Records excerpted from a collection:
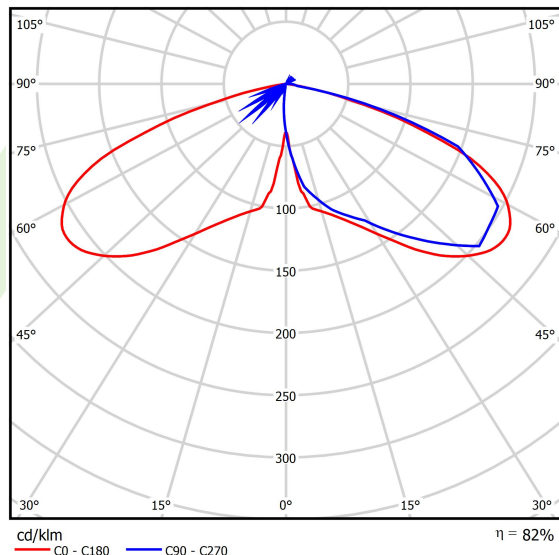

## Light and electrical data

Light source	LED
Luminous flux LED [lm]	4615
LED power [W]	23,2
Luminaire luminous flux [lm]	3794
Power of luminaire [W]	26
Luminaire's light efficiency [lm/W]	145,9
Color of the light [K]	4000
CRI	>70
Beam angle [°]	(C0-C180) / (C90-C270) - 118,2° / 112,4°
Protection against electric shock	II
Protection degree	IP66
Voltage	220..240 V, 50..60 Hz
Lifetime of LED sources [h]	100000
Lx/By	L80/B10
Operating temperature range [°C]	-40 ÷ 40
Driver	standard on/off (E)
Power factor cos φ	>0,9
Circuit load capacity	15 (B10), 25 (B16), 25 (C10), 40 (C16)

**Mechanical data**

Assembly	mounted on poles
Material	aluminum
Color	RAL 9007 (dark grey)
Diffuser	hardened transparent glass
Impact resistant	IK09
Weight [kg]	5,55
Dimensions [mm]	Ø490 x 560

**A graph of light**
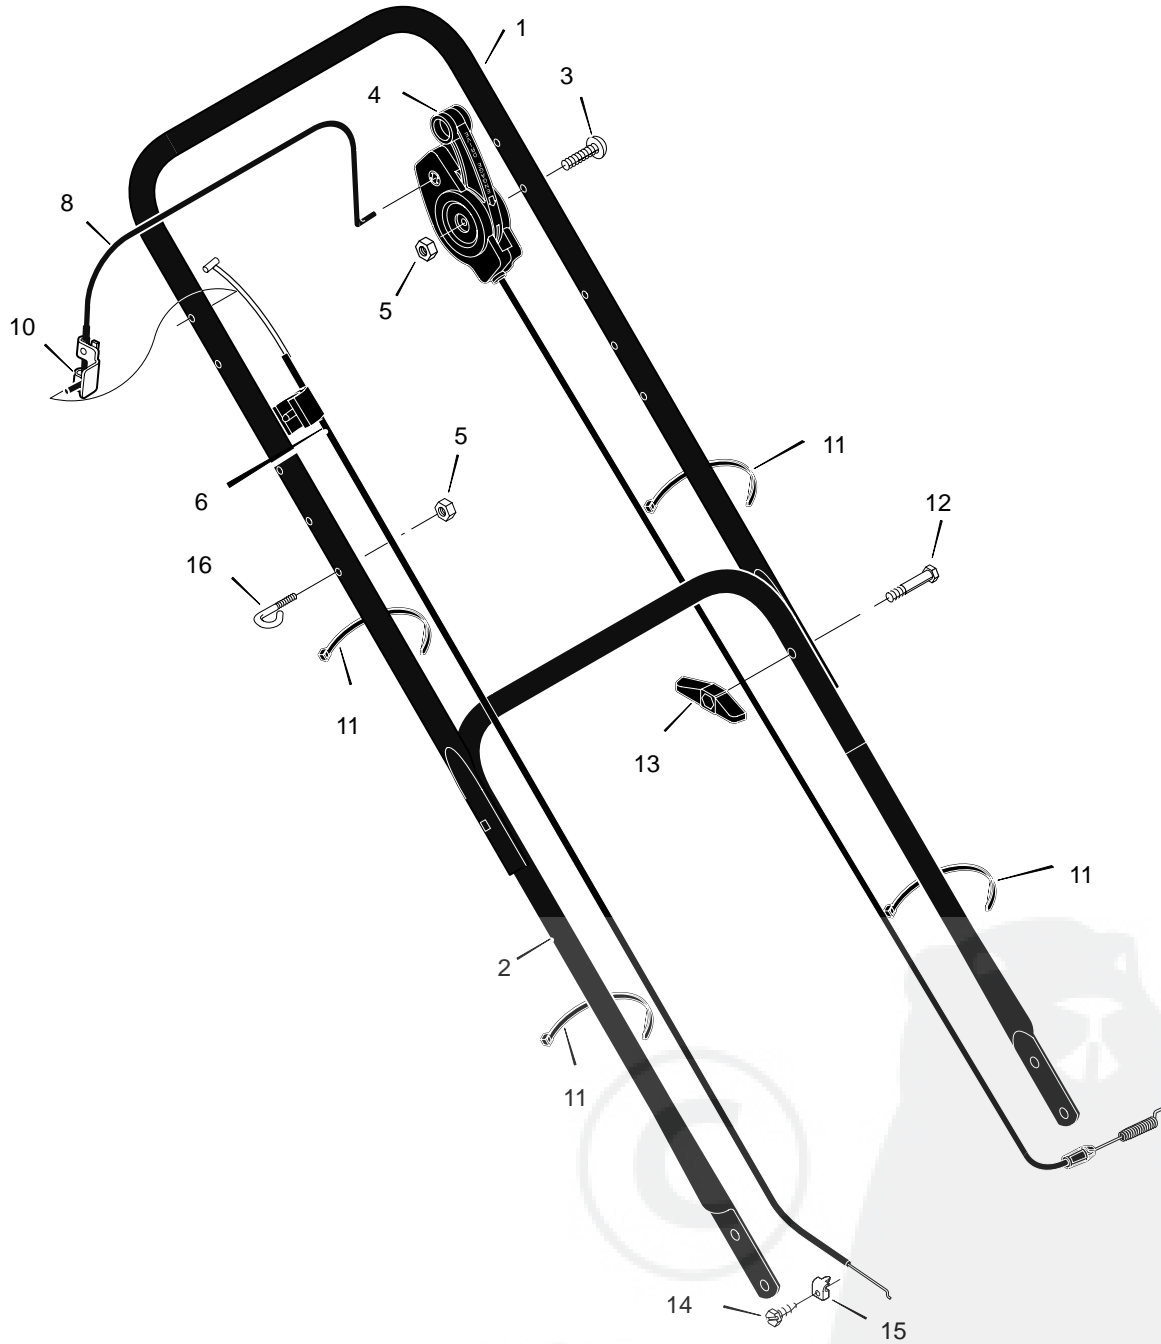

# MODEL 22605x50C

# REPAIR PARTS

1	Engine *	-----	13	Washer	17x124
2	Housing	776049	14	Bolt, Hex	1x153
3	Height Adjuster, Left Rear	672641	15	Blade	672735E701
4	Knob	71495	16	Adapter, Blade	672503
5	Wheel and Tire, Rear	71132	17	Height Adjuster, Right Front	672642
6	Locknut, Flange	15x84	18	Height Adjuster, Right Rear	672640
7	Bolt, Carriage	2x81	19	Guard, Rear	672738
9	Bolt, Engine	25x11	20	Screw	26x245
10	Nut	15x68	21	Deflector, Chute	672721
11	Height Adjuster, Left Front	672643	22	Push-On Cap	28x42
12	Washer, Belleville	17x137	23	Pin, Pivot	215x11 Z
24	Spring	166x5			
25	Baffle	672744E700			
26	Wheel and Tire, Drive	71133			
27	Pulley	71434			
28	Pin, Spring	32x64			
29	Base, Engine	672671E700			
30	Cover, Belt	1101025			
31	Screw	26x259			
32	Bracket, Idler Support	672751 Z			
33	Bolt	1x81			
34	Screw	26x263			
35	Idler, Backside	672751 Z			
36	Locknut	15x43			
37	Bearing	71793			
38	Spring	166x45			
39	Spacer	71789			
40	Arm, Pivot	672753 Z			
41	Spacer	71788			
42	Pulley, Idler	71779			
43	Bolt, Shoulder	9x50			
44	Belt	37x100			
45	Washer	17x186			
46	Ring, Retainer	11x16			
47	Gear, Pinion	71792			
48	Pulley	71791			
49	Pin, Drive	43629			
50	Pin, Hair	31x9			
51	Axle	672508			
52	Washer	17x169			
53	Cover, Dust	71780			
54	Bolt	1x85			
55	Hub Cap	672122			
56	Plate, Mulcher	672422 Z			
57	Bracket, Left Handle	672335E700			
58	Bracket, Right Handle	672334E700			
59	Screw	26x289			
60	Bolt	1x120			
61	Extension, Rear	672711E700			
64	Screw	26x288			
65	Shield, Debris	1101026E700			
-	Book, Instruction	F-000450L			

# REPAIR PARTS

1	Handle, Upper (Gray)	71581E724	5	Locknut	15x116	11	Fastener, Cable	71372
2	Handle, Lower (Gray)	71137E724	6	Cable, Stop	672839	12	Bolt	2x77
3	Screw	25x14	8	Lever, Stop	672879E700	13	Knob	71294
4	Control, Drive	672873	10	Bracket, Stop Lever	43628 BC	16	Guide, Rope	71530

__Problem details__.
If a line falls between the first line of the records above and the line containing "Protection against electric", inclusive, retype it exactly; leave pictures out.

__Finished task__.
## Light and electrical data

Light source	LED
Luminous flux LED [lm]	4615
LED power [W]	23,2
Luminaire luminous flux [lm]	3794
Power of luminaire [W]	26
Luminaire's light efficiency [lm/W]	145,9
Color of the light [K]	4000
CRI	>70
Beam angle [°]	(C0-C180) / (C90-C270) - 118,2° / 112,4°
Protection against electric shock	II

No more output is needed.